Nas palavras do cineasta:
“Estamos acostumados a ver filmes com um protagonista, e o Superman é definitivamente o protagonista. Ele tem seus amigos de trabalho e seus amigos de lazer. Não sei se a Liga da Justiça é composta pelos amigos de lazer ou de trabalho dele, ou se a equipe do Planeta Diário é de trabalho ou lazer. Mas esses são dois grupos diferentes, e o fato de usarem insígnias nos uniformes ou terem superpoderes não significa que não sejam como qualquer outro personagem de apoio em um filme. Acho que Oppenheimer tem três vezes mais personagens com falas do que nós.”
O elenco de Superman reforça essa diversidade de coadjuvantes: Rachel Brosnahan vive Lois Lane, Nicholas Hoult interpreta Lex Luthor, e nomes como Edi Gathegi (Senhor Incrível), Anthony Carrigan (Metamorfo), Nathan Fillion (Lanterna Verde), Isabela Merced (Mulher-Gavião), Skyler Gisondo (Jimmy Olsen) e Wendell Pierce (Perry White) completam o time.
O que a marca nos EUA significa para a DC
O fato de Superman ultrapassar Oppenheimer nas bilheterias domésticas tem peso simbólico. A produção de Nolan foi um dos maiores sucessos de 2023, desafiando expectativas com seu formato de drama histórico, classificação indicativa para maiores de idade, três horas de duração e um público global disposto a encarar uma narrativa densa — fatores que não costumam atrair cifras tão altas. Além disso, o filme venceu sete Oscars, incluindo Melhor Filme.

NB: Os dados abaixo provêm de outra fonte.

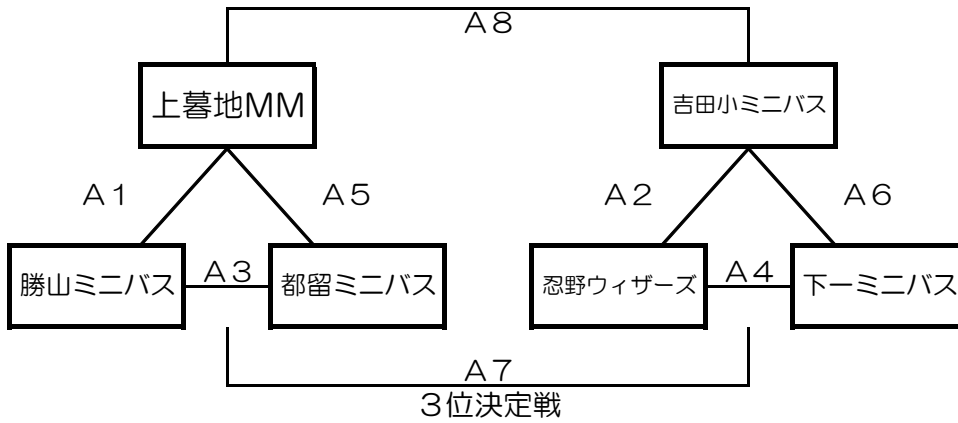

Bコート 時間は開始予定時間です。

試合	時間	(淡)	対 戦	(濃)	審 判	T. O
B 1	8:50	小立ミニバス	菅野川ミニバス	2位	下二小VG	下二小VG
B 2	9:50	大明見ミニバス	松山ミニバス	菅野川ミニバス	小立ミニバス	小立ミニバス
B 3	10:50	菅野川ミニバス	下二小VG	松山ミニバス	禾生ミニス	禾生ミニス
B 4	11:50	松山ミニバス	禾生ミニス	下二小VG	菅野川ミニバス	菅野川ミニバス
B 5	13:10	下二小VG	小立ミニバス	禾生ミニス	松山ミニバス	東桂ミニバス
B 6	14:10	禾生ミニス	大明見ミニバス	小立ミニバス	下二小VG	西桂ミニバス
B 7	15:10	2位	2位	1位	1位	1位
B 7	16:10	1位	1位	2位	2位	2位

第53回南都留スポーツ少年団夏季ブロック大会

女子Cパート組合せ

平成29年7月17日(祝)

試合会場： 富士小学校(8:00開場)

代表者会議： 8:30~

女子Bパート

1位決定戦

Aコート 時間は開始予定時間です。

Para a DC, o resultado de Superman mostra que há fôlego para reerguer sua presença no mercado, especialmente após anos de resultados inconsistentes nas bilheteiras. O desafio, no entanto, é manter o interesse internacional e prolongar o tempo de exibição para tentar reduzir a distância em relação ao desempenho global de Oppenheimer.

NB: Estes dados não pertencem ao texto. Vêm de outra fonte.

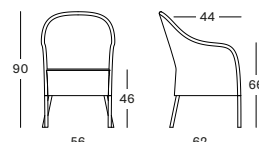

COUSSINS	CAT. B	CAT. C	CAT. G	COM
Siège 4 cm mousse polyéther Métrage de tissu CE002 : 65 cm	CB002 € 122	CC002 € 132	CG002 € 160	CE002 € 122

PROTECTIVE COVER PC001

€ 205

Cadre/Siège Lloyd Loom

toutes couleurs
voir page 9
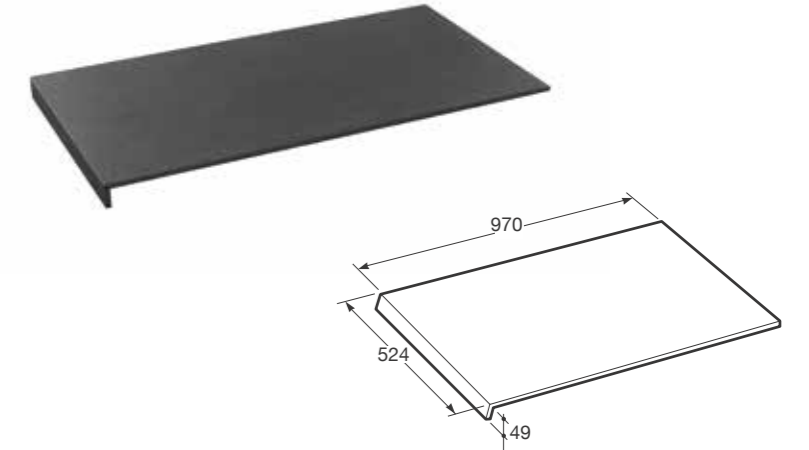

NERO SHAGREEN R 52,4 x 104,9.

524 x 1049 mm
Ref. TJ7TDK161

	Pieces	Kg	m ²
Box:	3	39,9	1,65
	Boxes	Kg	m ²
Pallet:	18	769,28	29,68

L3 NERO SHAGREEN R 4,9 x 102.

49 x 524 x 1020 mm
Ref. TJ7TDX161

	Pieces	Kg	m ²
Box:	1	14,0	0,52
	Boxes	Kg	m ²
Pallet:	5	96,25	2,67

Se mantiver um ritmo sólido nas próximas semanas e conseguir expansão em mercados estratégicos, Superman pode encerrar a carreira nas bilheteiras com números bem mais expressivos. Ainda assim, o caminho para igualar o impacto cultural e financeiro do longa de Nolan é longo — e exigirá não apenas boa aceitação do público, mas também resultados consistentes nas futuras produções do novo Universo DC.